His latest point was a bit fortuitous, but it had a big impact on Seattle’s playoff hopes. With the three-on-three overtime period well underway, Bjorkstrand circled back in the Kraken zone and recognized that all three Sharks had shaded to one side of the ice. That left Dunn open on the other side at the San Jose blue line. Bjorkstrand hit Dunn with a perfect pass, and Dunn made a simple play to skate in, drift toward the slot, and shoot for Reimer’s five hole. 

Reimer—who was on a dominant streak against the Kraken—came back down to Earth in that moment and allowed the puck to squeak through the wickets. 

“Just reading the pre-scout and everything, [goalie coach Steve Briere] said if he’s feeling it, throw one five hole,” said Dunn. “I don’t know if [Briere] is that smart, or if I was just a little lucky, but maybe kudos to him.” 

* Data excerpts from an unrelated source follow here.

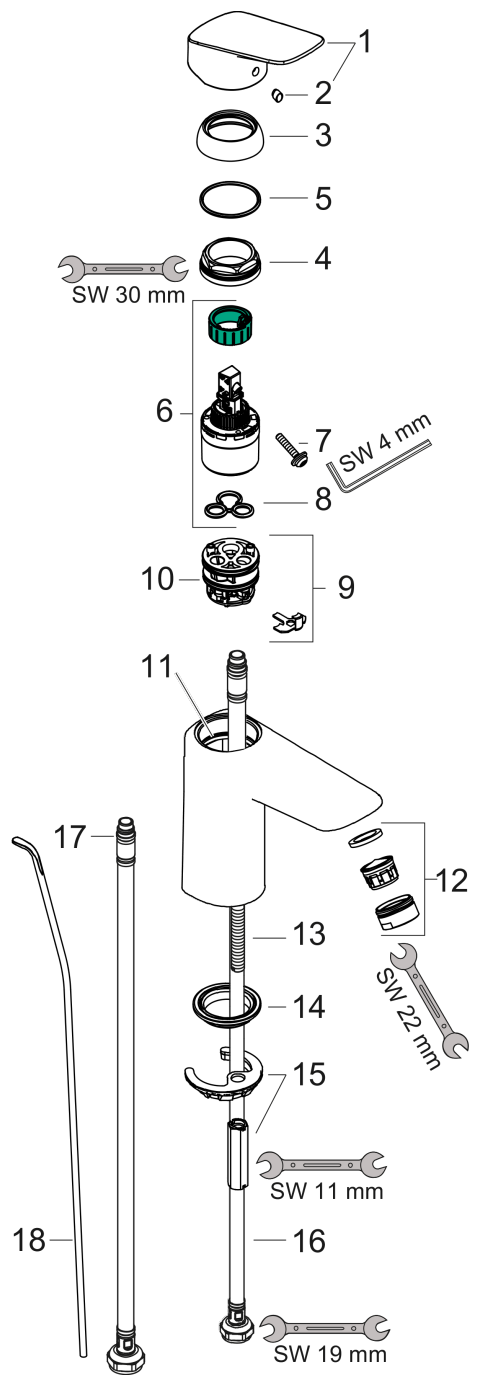

Logis

Einhebel-Waschtischmischer 100 CoolStart mit Zugstangen-Ablaufgarnitur

Oberfläche: Chrom Artikelnummer: 71102000

Explosionszeichnung

Baujahr: >05/17

Logis

Einhebel-Waschtischmischer 100 CoolStart mit Zugstangen-Ablaufgarnitur

Oberfläche: **Chrom** Artikelnummer: **71102000**

Ersatzteilliste

Baujahr: >05/17

Pos.	Beschreibung	Artikelnummer	PG	VE
1	Griff	92236000	11	1
2	Griffstopfen	96338000	1	1
3	Kappe	97406000	6	1
4	Mutter	97209000	5	1
5	O-Ring 32x2	98193000	1	1
6	Kartusche kpl.	92730000	11	1
7	Sicherungsschraube	95140000	2	1
8	Dichtung	95008000	3	1
9	Adapter für Kartusche	98324000	5	1
10	O-Ring 30x2	98186000	1	1
11	O-Ring 35x2	92604000	2	1
12	Luftsprudler M24x1 (5 l/min)	92372000	6	1
13	Schraube M8 x 68	97736000	2	1
14	Dichtung Ø 42	98722000	2	1
15	Schaftbefestigung kpl.	96016000	8	1
16	Anschlussschlauch 450 mm M8x0,75 G3/8	97206000	8	1
17	O-Ring 6,6x1,6	93019000	1	1
18	Zugstange	96657000	4	1
a	Ablaufventil	92168000	9	1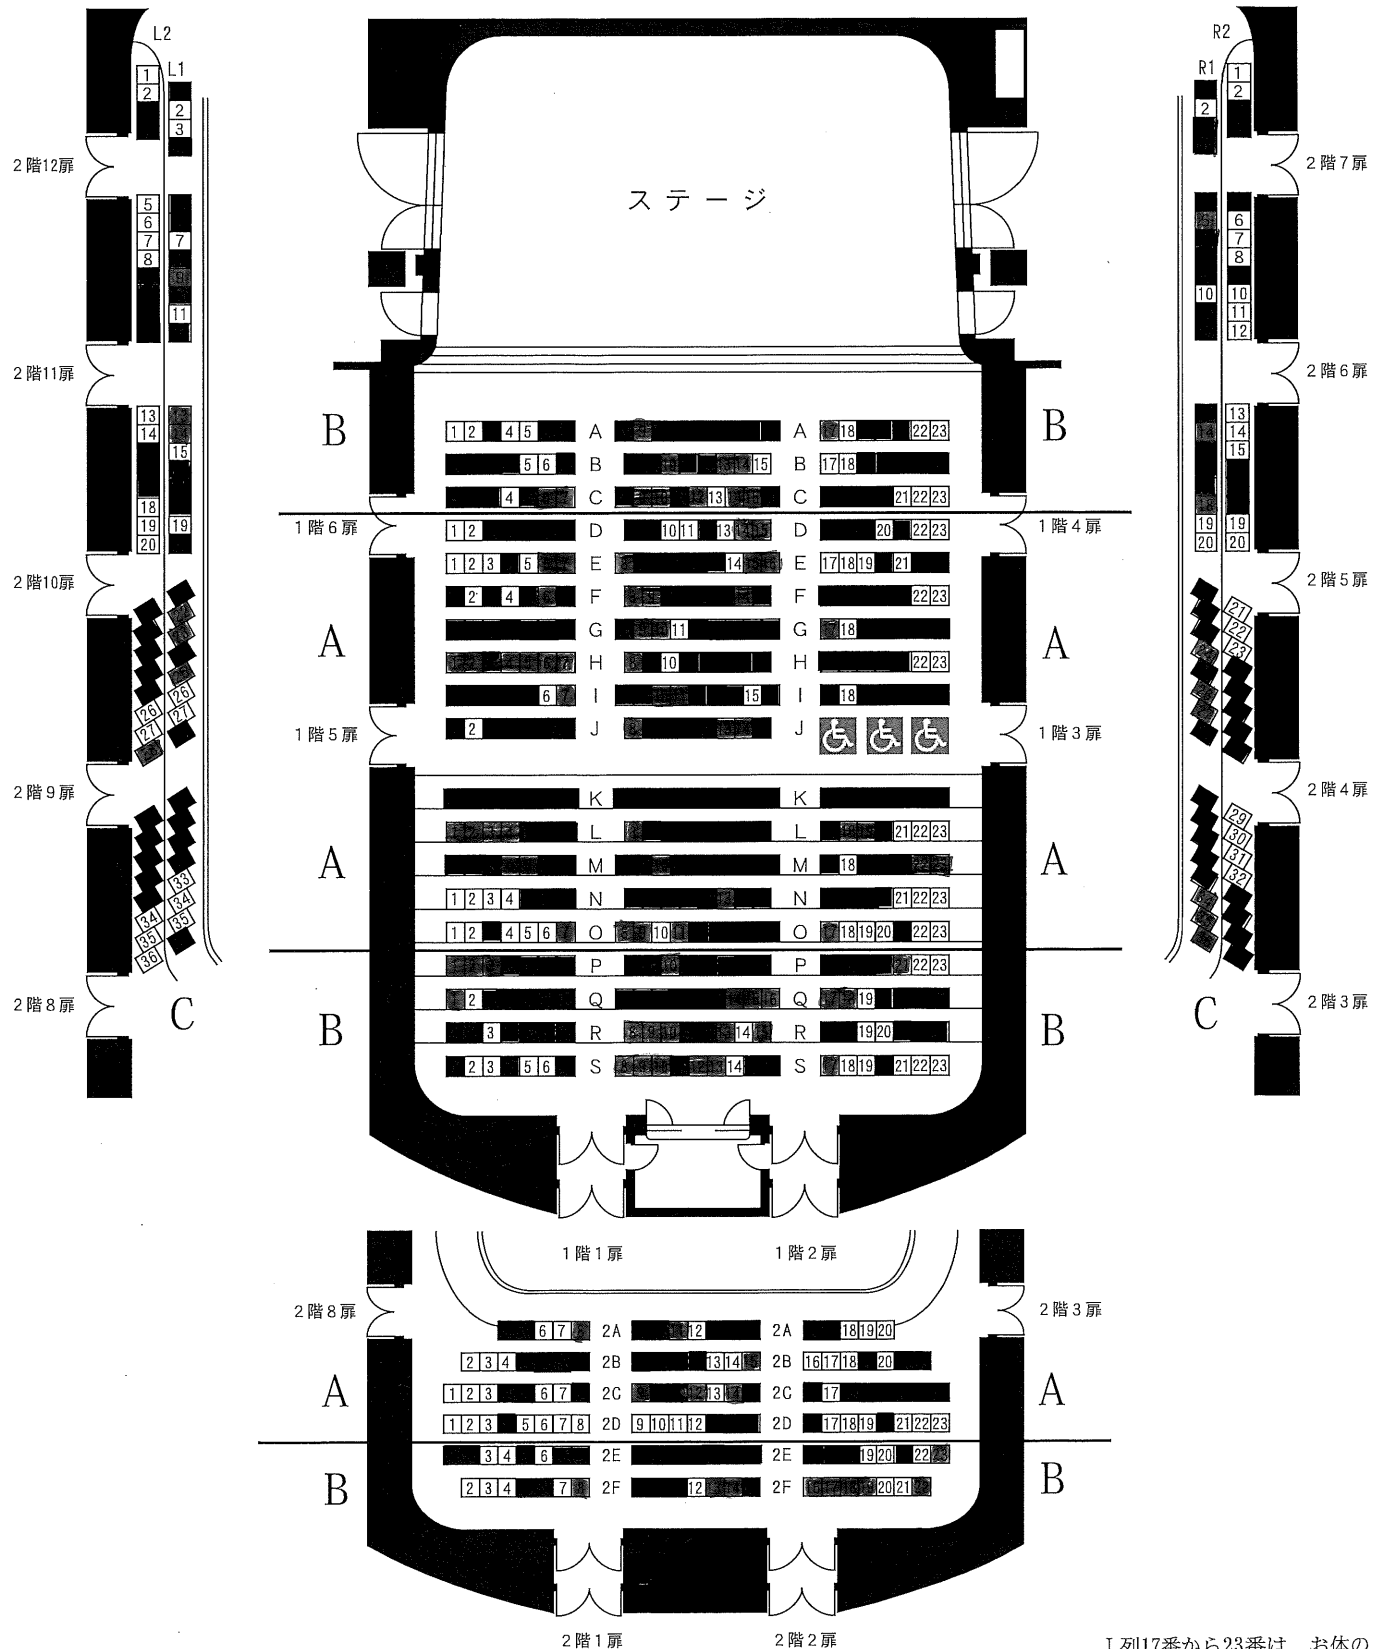

1/28 セントラル愛知交響楽団 第187回定期演奏会 座席表

三井住友海上しらかわホール

※前後左右を空けない客席となります。(※感染症対策のため一部座席を制限しております。) 今後の感染症の状況によって振替席への移動をお願いする場合があります。ご了承ください、ご協力をお願いいたします。

サイドバルコニー席

2階両サイトのバルコニー席は、ホールの構造上、手すり、転倒防止強化ガラスによって視界が遮られます。予めご了承ください。

サイドバルコニー席

※数字の見える部分が販売可能な座席となります。

※電話・インターネット双方からご予約の受付を行うため、座席表の更新には、少しお時間をいただきます。販売状況によっては、ご希望のお席が販売済の場合もございます。ご了承ください。

J列17番から23番は、お体の不自由な方のスペースとして椅子を取り外してあります。(椅子を付けた場合、合計700席)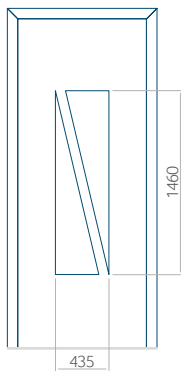

Panneau 20

Motif sans cadre

Motif avec cadre

Dimension minimale du panneau	Dimension maximale du panneau
PVC: 660 x 1650	PVC: 900 x 2150
ALU: 660 x 1650	ALU: 1100 x 2450
WOOD: 660 x 1650	WOOD: 840 x 2240

Motif avec cadre

Dimension minimale du panneau	Dimension maximale du panneau
PVC: 570 x 1650	PVC: 900 x 2150
ALU: 570 x 1650	ALU: 1100 x 2450
WOOD: 570 x 1650	WOOD: 840 x 2240

Panneau 34

Motif sans cadre

Motif avec cadre

Dimension minimale du panneau	Dimension maximale du panneau
PVC: 570 x 1650	PVC: 900 x 2150
ALU: 570 x 1650	ALU: 1100 x 2450
WOOD: 570 x 1650	WOOD: 840 x 2240

Panneau 35

Motif sans cadre

Motif avec cadre

Dimension minimale du panneau	Dimension maximale du panneau
PVC: 570 x 1650	PVC: 900 x 2150
ALU: 570 x 1650	ALU: 1100 x 2450
WOOD: 570 x 1650	WOOD: 840 x 2240

Panneau 36

Motif sans cadre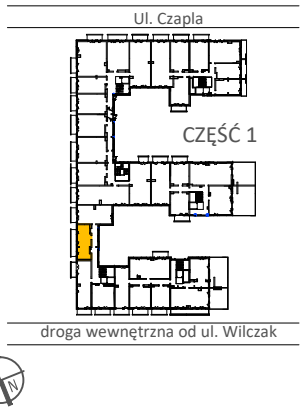

TARASY WILCZAK

BUDYNKI MIESZKALNE
POZNAŃ ul. Wilczak 16 B

LOKALIZACJA MIESZKANIA W BUDYNKU

PIĘTRO: 1

ILOŚĆ POKOI: 1

01	Pokój	21,15	m ²
02	Kuchnia	6,33	m ²
03	Łazienka	3,18	m ²

30,66 m²

Balkon 5,93m²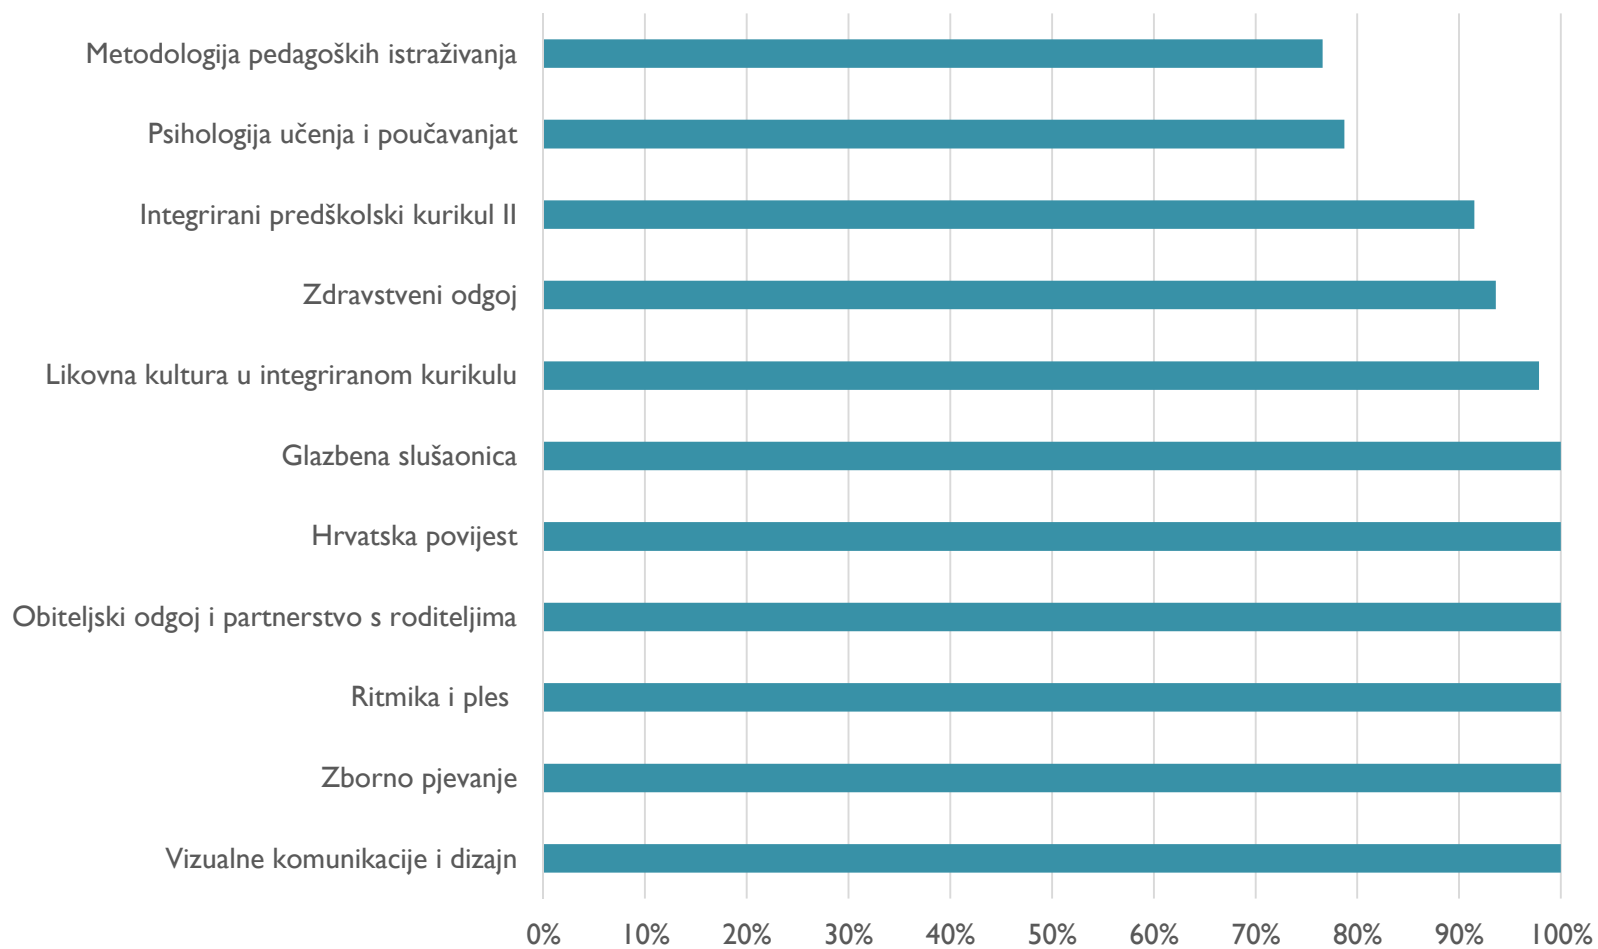

5. godina - prolaznost

Preddiplomski sveučilišni studij ranoga i predškolskog odgoja i obrazovanja, Osijek, I. godina, 40 studenata

I. godina - prolaznost

Preddiplomski sveučilišni studij ranoga i predškolskog odgoja i obrazovanja, Osijek, 2. godina, 41 student

2. godina - prolaznost

Preddiplomski sveučilišni studij ranoga i predškolskog odgoja i obrazovanja, Osijek, 3. godina, 47 studenata

3. godina - prolaznost

Diplomski Sveučilišni studij ranog i predškolskog odgoja i obrazovanja, Osijek, I. godina, 19 studenata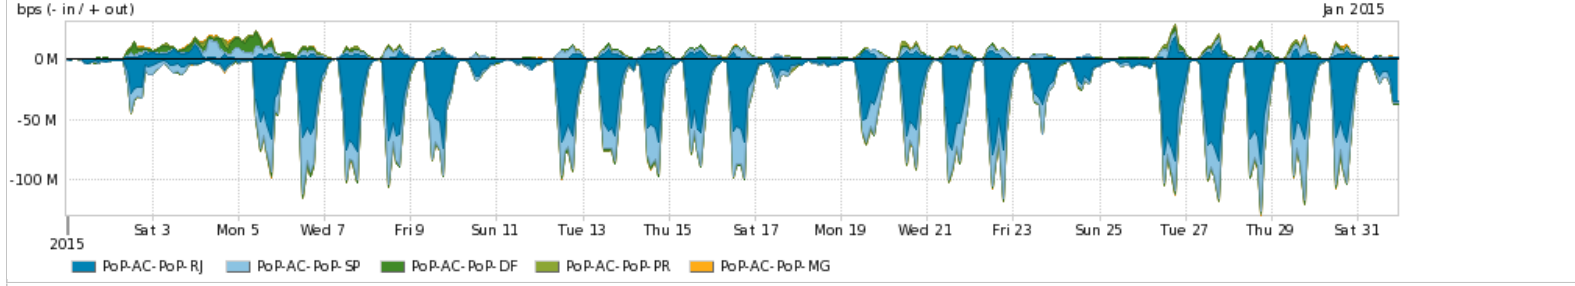

**Utilização do serviço de Internet acadêmica internacional pelo PoP-AL**

PROFILE	PROFILE	IN	OUT	TOTAL	
<input checked="" type="checkbox"/>	PoP-AL	Internet Academica	1.03 Mbps	191.13 Kbps	1.22 Mbps

Redes (AS's de origem) mais acessadas pelo PoP-AL

Interesse de tráfego do PoP-AL com os outros PoPs da RNP

Average | Max | PCT95

PROFILE	PROFILE	IN	OUT	TOTAL	
<input checked="" type="checkbox"/>	PoP-AC	PoP-RJ	20.38 Mbps	1.64 Mbps	22.02 Mbps
<input checked="" type="checkbox"/>	PoP-AC	PoP-SP	8.28 Mbps	1.79 Mbps	10.07 Mbps
<input checked="" type="checkbox"/>	PoP-AC	PoP-DF	478.06 Kbps	1.16 Mbps	1.64 Mbps
<input checked="" type="checkbox"/>	PoP-AC	PoP-PR	238.02 Kbps	499.58 Kbps	737.59 Kbps
<input checked="" type="checkbox"/>	PoP-AC	PoP-MG	69.99 Kbps	105.72 Kbps	175.70 Kbps
<input type="checkbox"/>	PoP-AC	PoP-RS	56.11 Kbps	10.26 Kbps	66.37 Kbps
<input type="checkbox"/>	PoP-AC	PoP-SC	28.78 Kbps	17.94 Kbps	46.71 Kbps
<input type="checkbox"/>	PoP-AC	PoP-CE	25.47 Kbps	9.61 Kbps	35.09 Kbps
<input type="checkbox"/>	PoP-AC	PoP-PE	7.61 Kbps	22.11 Kbps	29.72 Kbps
<input type="checkbox"/>	PoP-AC	PoP-MS	20.16 Kbps	3.70 Kbps	23.86 Kbps

Dunn has proven to be one of Seattle’s two best selections in the Expansion Draft—along with Jared McCann—and could be a building block for the future of this team. The 26-year-old’s contract is expiring after this season, but he will be a restricted free agent. What kind of a raise will he get on his next deal? 

Takeaway #3: It was *almost* a night of missed opportunities

We mentioned Reimer’s dominant streak against the Kraken in Takeaway #2, and for almost the entire hockey game Thursday, it felt like he was going to pull out another win. In four appearances against Seattle, Reimer has now stopped 122 of 127 shots for a .961 save percentage and a 1.25 goals against average. 

Aside from Bjorkstrand’s game-tying goal in the third period, the Kraken had several chances in regulation that looked like sure goals. But in every case, the puck would skitter through the crease, hit the post, or fly wide of the net. That’s just how it goes when you’re facing a goalie that has your number, and Reimer definitely had Seattle’s number.

The most egregious miss came after an errant clearing attempt by Reimer landed on the stick of Jaden Schwartz. Reimer was way out of the net, so Sharks players threw themselves into the crease to try to stop Schwartz from scoring. Looking for an opening, Schwartz stickhandled, but never actually got a shot away. 

That wasn’t the only near miss, though. McCann had a wide-open look from the slot in the first but fired wide, Adam Larsson hit the inside of the post early in the second, and John Hayden tipped a shot through Reimer’s legs in the third, only to have it slide outside the left post. 

To Seattle’s credit, the group stuck with it and found just enough offensive output to get the desperately needed two standings points. 

“[The two points are] very important right now,” said Dunn. “They don’t always have to be pretty, but we just have to make sure we find a way to get two. Every point really matters right now, so that’s very big for the team to get back on track here.”

The Kraken now face a much tougher—and even more important—test Saturday against the Edmonton Oilers. 

“Coming up, it’s a pretty big test,” said Grubauer. “We’re playing teams that are even with us in the standings or within a couple points. So you can’t waste any points tonight.”